----- The data
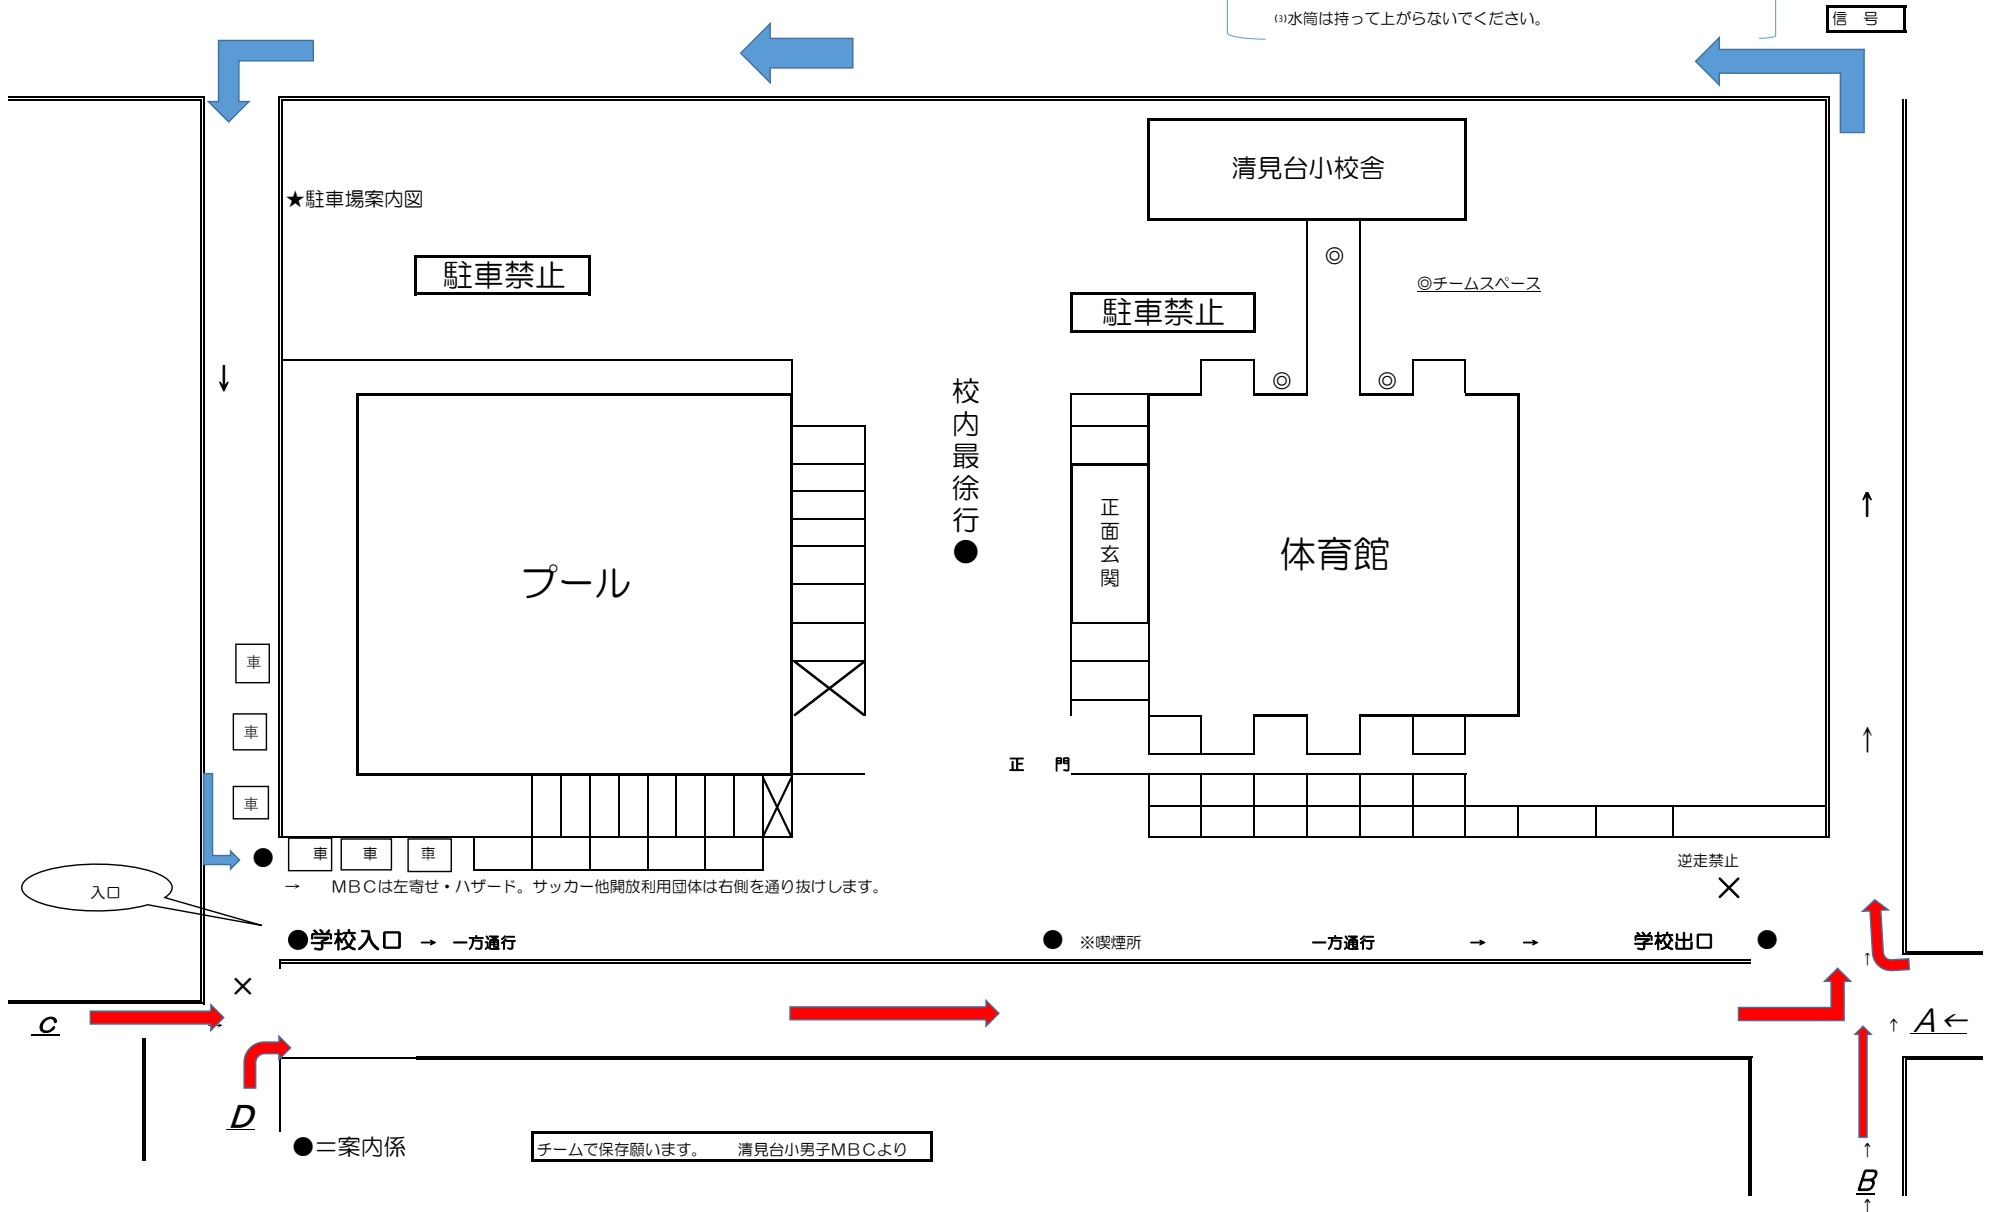

他チームの皆様へ

◎試合時にお越しいただく際の注意事項です、以下の二つをお願いします。

①～渋滞・騒音により近隣の皆様のご迷惑になっております～

- ・学校入口がMBCの駐車待ちによる渋滞になる為、一方通行にてご案内にさせていただきます。
(下記のA・B・C・Dの方向から来る方は駐車係がご案内します)
- ・朝の話し声等の苦情が多い地域の為、8時までは、お静かに願います。
- ・他の学校利用団体と時間が重なり、入口が混雑します。MBC関係の駐車待ちの車は左寄せ・ハザードをつけてお待ちください。

※台数制限5台
(監督コーチ号を含む)
近隣にパーキング有り

②～到着後の流れ～

- ★(1)車を降りたら体育館外脇の各チームスペースに荷物を置き、正面玄関から入り、下駄箱をご利用ください。
 - (2)雨天時は改めてご案内します。
- ★2階を利用する時
 - (1)大人が必ず一緒に上がってください。
 - (2)落下防止の為、荷物は窓側に置いてください。
 - (3)水筒は持って上がらないでください。

→ MBCは左寄せ・ハザード。サッカー他開放利用団体は右側を通り抜けます。

●学校入口 → 一方通行

● ※喫煙所

一方通行 → →

●学校出口

●二案内係

チームで保存願います。 清見台小男子MBCより
----------
→ Your goal
Return the complete material exactly as given, excluding images.

→ Answer section
他チームの皆様へ

◎試合時にお越しいただく際の注意事項です、以下の二つをお願いします。

①～渋滞・騒音により近隣の皆様のご迷惑になっております～

- ・学校入口がMBCの駐車待ちによる渋滞になる為、一方通行にてご案内にさせていただきます。
(下記のA・B・C・Dの方向から来る方は駐車係がご案内します)
- ・朝の話し声等の苦情が多い地域の為、8時までは、お静かに願います。
- ・他の学校利用団体と時間が重なり、入口が混雑します。MBC関係の駐車待ちの車は左寄せ・ハザードをつけてお待ちください。

※台数制限5台
(監督コーチ号を含む)
近隣にパーキング有り

②～到着後の流れ～

- ★(1)車を降りたら体育館外脇の各チームスペースに荷物を置き、正面玄関から入り、下駄箱をご利用ください。
 - (2)雨天時は改めてご案内します。
- ★2階を利用する時
 - (1)大人が必ず一緒に上がってください。
 - (2)落下防止の為、荷物は窓側に置いてください。
 - (3)水筒は持って上がらないでください。

→ MBCは左寄せ・ハザード。サッカー他開放利用団体は右側を通り抜けます。

●学校入口 → 一方通行

● ※喫煙所

一方通行 → →

●学校出口

●二案内係

チームで保存願います。 清見台小男子MBCより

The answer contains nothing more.